May 24, 2001 : Dell Goes After Market Share


📅 - In a series of press briefings in Austin, Texas, James Vanderslice, president of Dell Computer Corp. (dell.com) has declared war on the company's competitors, announcing price-cutting measures designed to grab market share for Dell, as well as suggesting that it might be interested in making an acquisition.

Dell says that although it is already the world's number one computer maker, it intends to take advantage of the slowing economy, and the resulting fall in component prices, to take a bigger piece of the computer market, and possibly remove some of the competition.
The company says its direct sales model is better suited than other companies to take advantage of the cost of components, falling at about 1 percent per week. Dell says that because it keeps virtually no inventory, its direct sales model allows it to pass on the falling prices to its customers within three days, compared to as much as 60 days for some competitors.

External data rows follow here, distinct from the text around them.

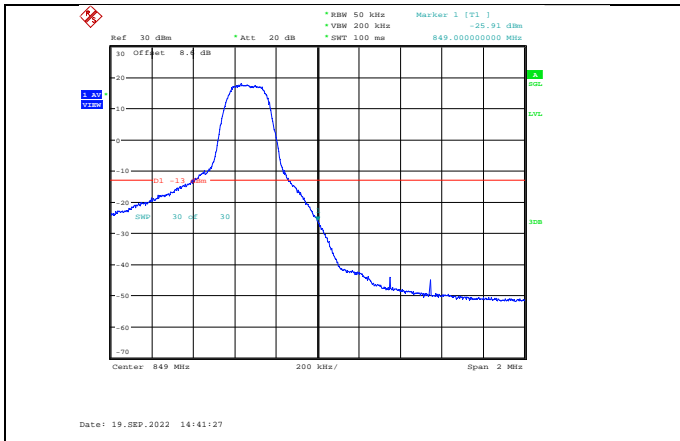

Band5-3MHz-16QAM-20635-15RB#0

Band5-3MHz-64QAM-20635-15RB#0

Band5-5MHz-QPSK-20425-1RB#0

Band5-5MHz-QPSK-20625-25RB#0

Band5-5MHz-QPSK-20425-25RB#0

Band5-5MHz-16QAM-20425-1RB#0

Band5-5MHz-QPSK-20625-1RB#24

Band5-5MHz-16QAM-20425-25RB#0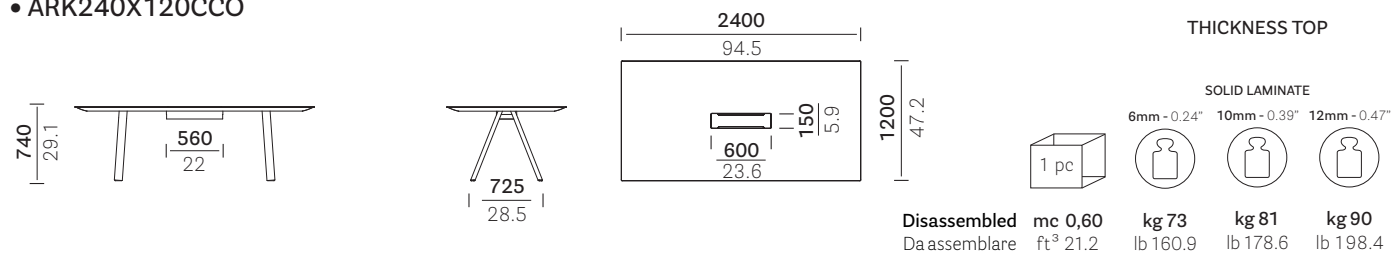

• **ARK240X120CCO**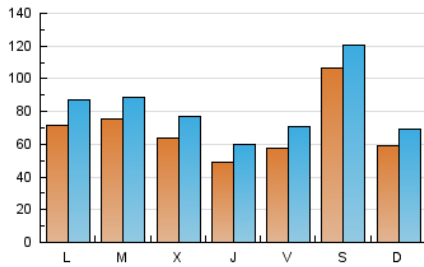

1. Cifras totales y promedios (Nacional e Internacional)

MES - AÑO	NAVEGADORES UNICOS	VISITAS	PAGINAS
Febrero - 2024	122.508	234.756	340.272
PROMEDIO DIARIO	6.816	8.095	11.734
PROMEDIO LUNES-VIERNES	6.261	7.568	11.256
PROMEDIO SABADO-DOMINGO	8.274	9.478	12.987
PAGINAS / VISITAS	1,45		
DURACION MEDIA VISITAS	0:01:48		
TIEMPO INTERACCIÓN MEDIO	0:01:32		

2. Secciones (Nacional e Internacional)

	PAGINAS	%
HOME	85.605	25.16 %
RESTO	254.667	74.84 %

3. Por día del mes (Nacional e Internacional)

Día	N. únicos	Visitas	Páginas	Día	N. únicos	Visitas	Páginas	Día	N. únicos	Visitas	Páginas
1	4.303	5.325	8.218	11	5.546	6.520	9.452	21	5.522	6.962	11.100
2	7.212	8.676	13.242	12	5.615	7.109	10.578	22	4.252	5.228	8.508
3	8.749	10.337	14.141	13	5.502	6.634	10.348	23	4.855	6.349	9.959
4	7.031	7.854	11.287	14	4.702	5.819	9.316	24	19.271	20.533	25.733
5	11.291	13.051	16.729	15	3.925	5.112	7.962	25	7.565	8.837	12.390
6	12.620	14.331	19.501	16	4.928	6.065	9.403	26	6.827	8.420	12.495
7	11.419	12.999	17.564	17	6.043	7.398	11.190	27	5.821	7.060	10.547
8	7.442	8.745	13.047	18	3.477	4.326	6.404	28	3.858	4.867	7.538
9	5.914	7.162	10.561	19	4.863	6.150	9.451	29	4.499	5.572	8.335
10	8.509	10.019	13.296	20	6.117	7.296	11.977				

4. Gráficas (Nacional e Internacional)

4.1 Por día de la semana (promedio)

N. únicos / Visitas (x 100)

Páginas (x 100)

4.2 Por franja horaria (promedio)

Visitas_ (x 1000)

Páginas (x 1000)

4.3 Por meses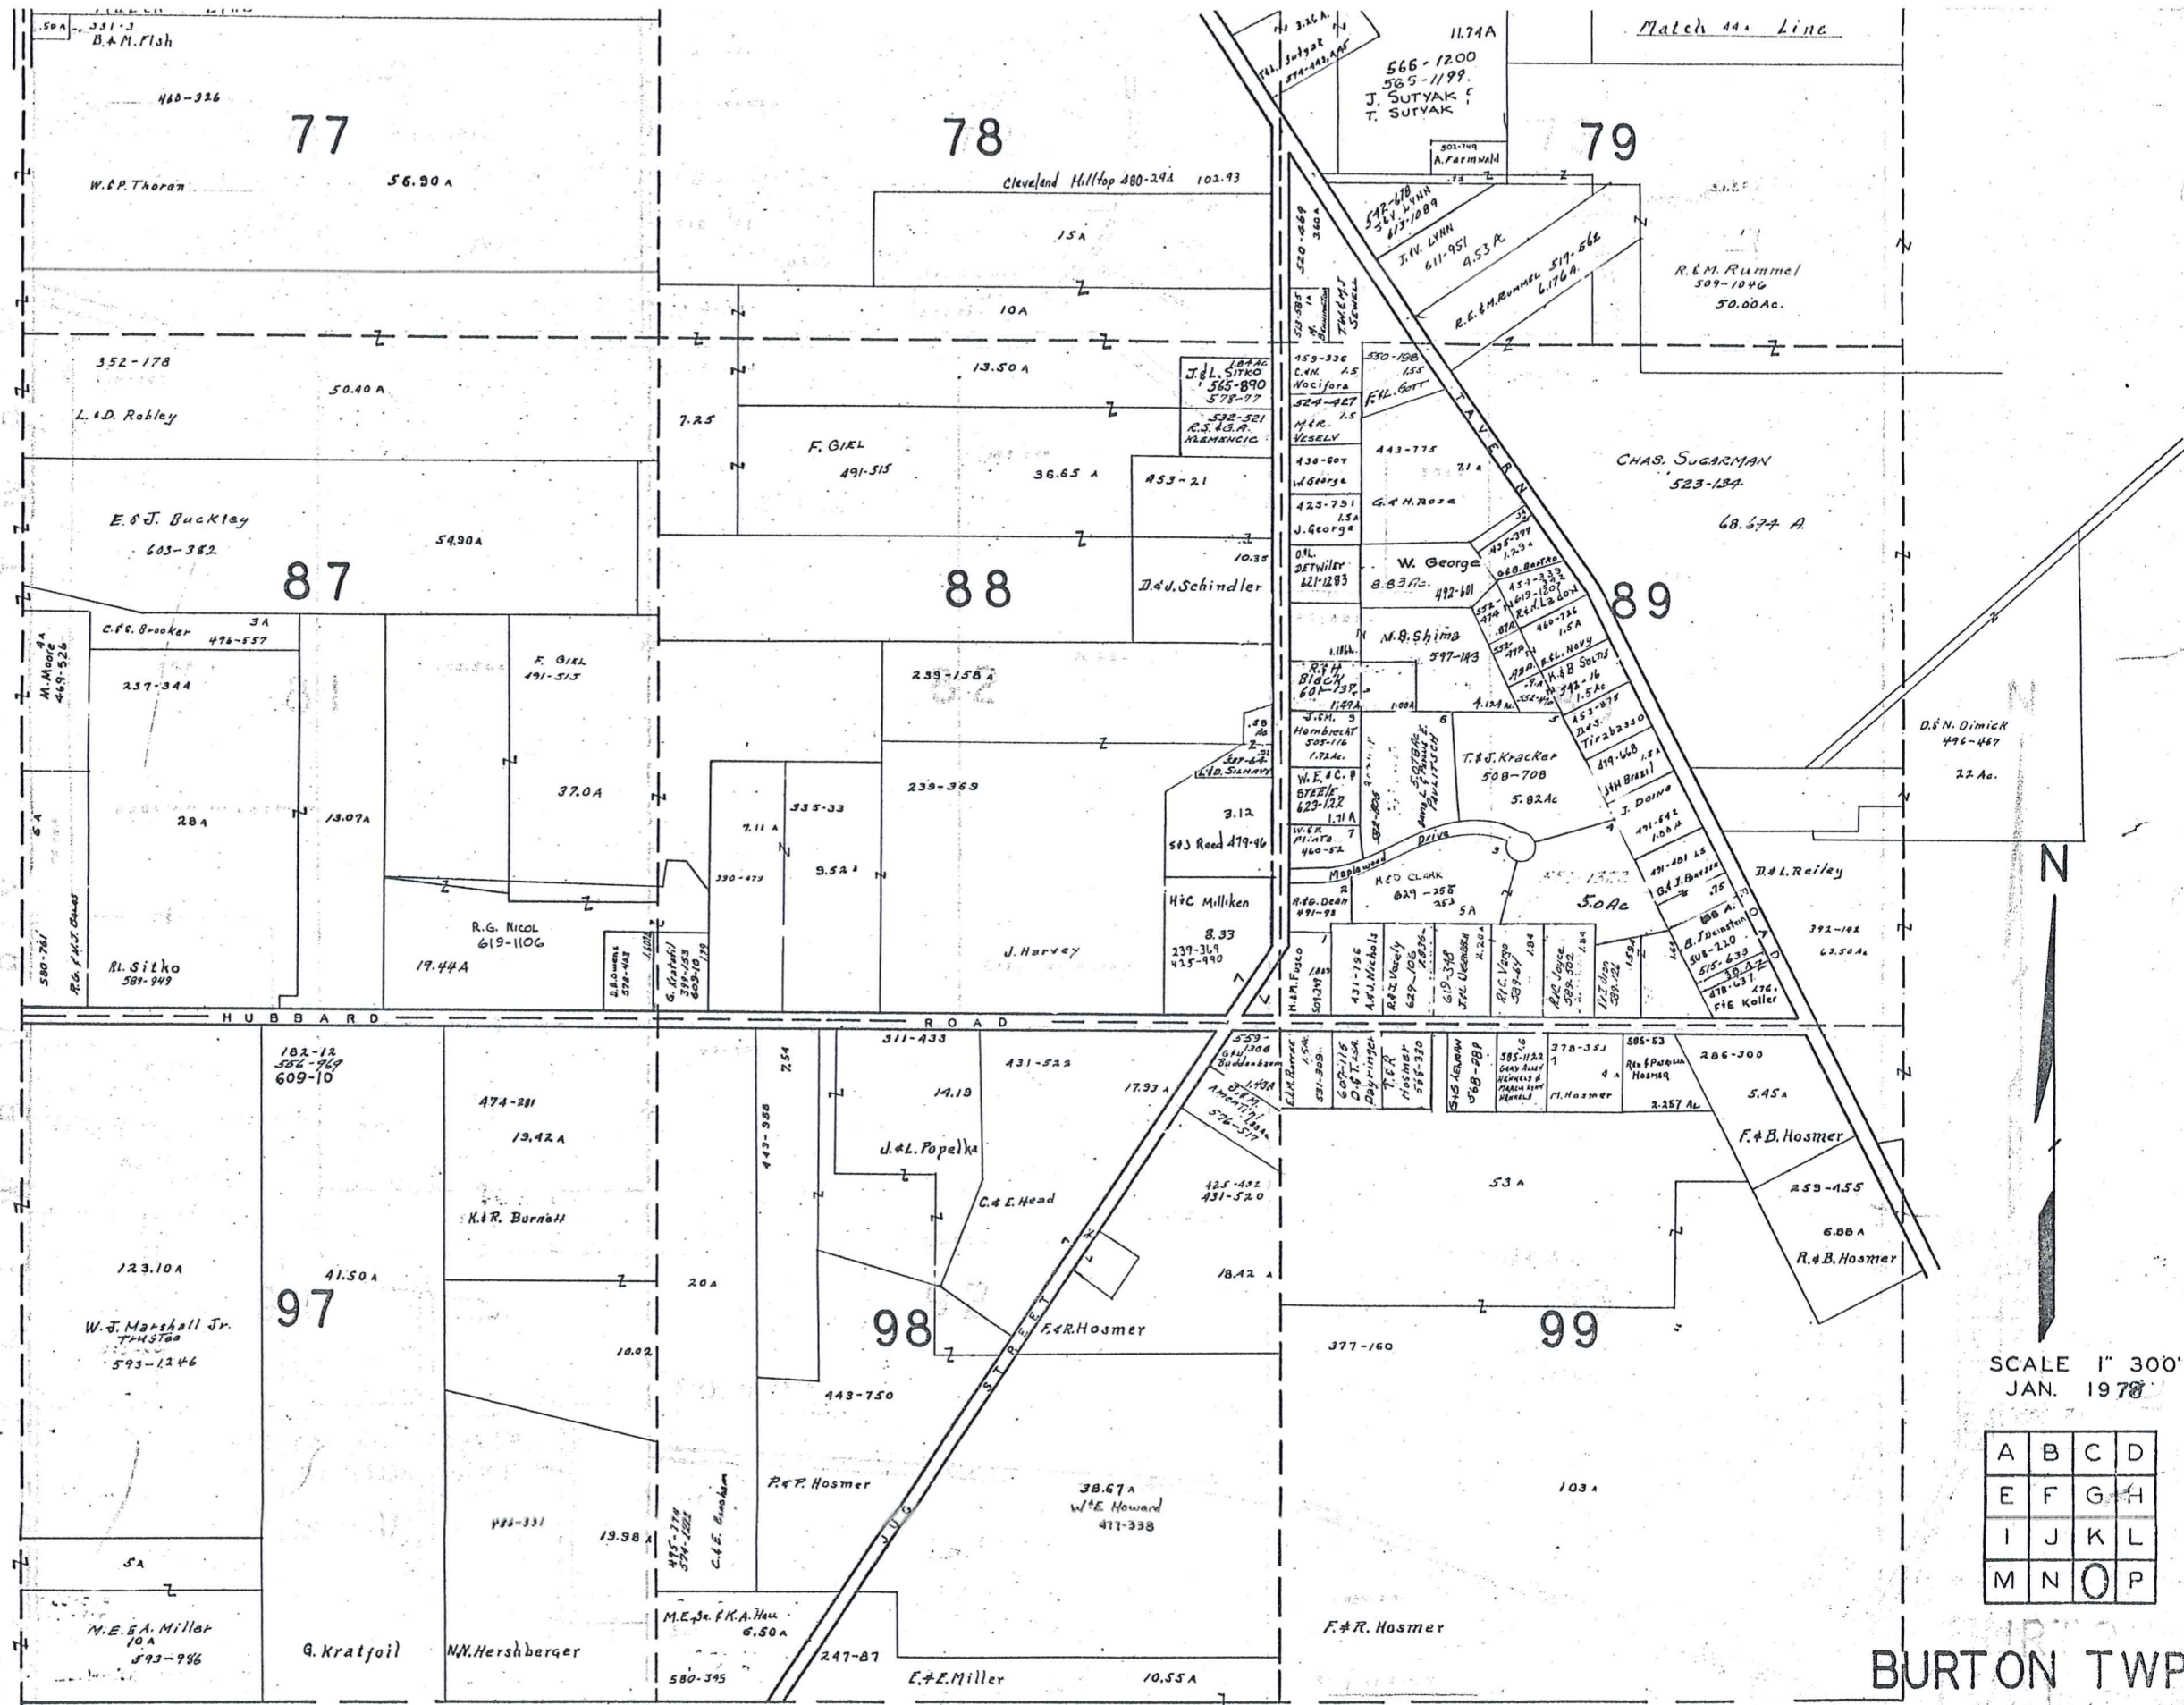

BURTON TWP.

SCALE 1" = 300'
JAN. 1978

A	B	C	D
E	F	G	H
I	J	K	L
M	N	O	P

BURTON TWP

71 TROY TOWNSHIP

M I D D L E F I E L D T O W N S H I P

T R O Y

T O W N S H I P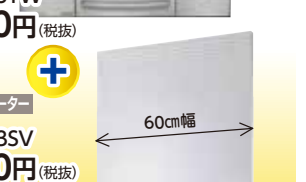

イージークリーン スモークオフ

運動

RHS31W23L7RSTW

⊗215,000円(税抜)

XGRシリーズ

ノンフィルタ DCモーター

XGR-REC-AP603SV

⊗163,000円(税抜)

And while Dell announced earlier in May that it had surpassed Compaq Computer Corp. as the world's top server maker on a units-shipped basis, the company says it has set its sights on taking the number one spot in the server and storage market.
Dell says it is pricing to capture the market. Once it has the footprints, says the company, it has good evidence that it will keep the account.
In addition to the marketing strategy, Vanderslice said Dell is considering using its $8 billion in cash for a strategic acquisition. While Dell has typically been reluctant to buy other companies because of its concerns that mergers usually fail, the company says it is on the lookout for possible purchases that may even include business not operating on the direct sale model.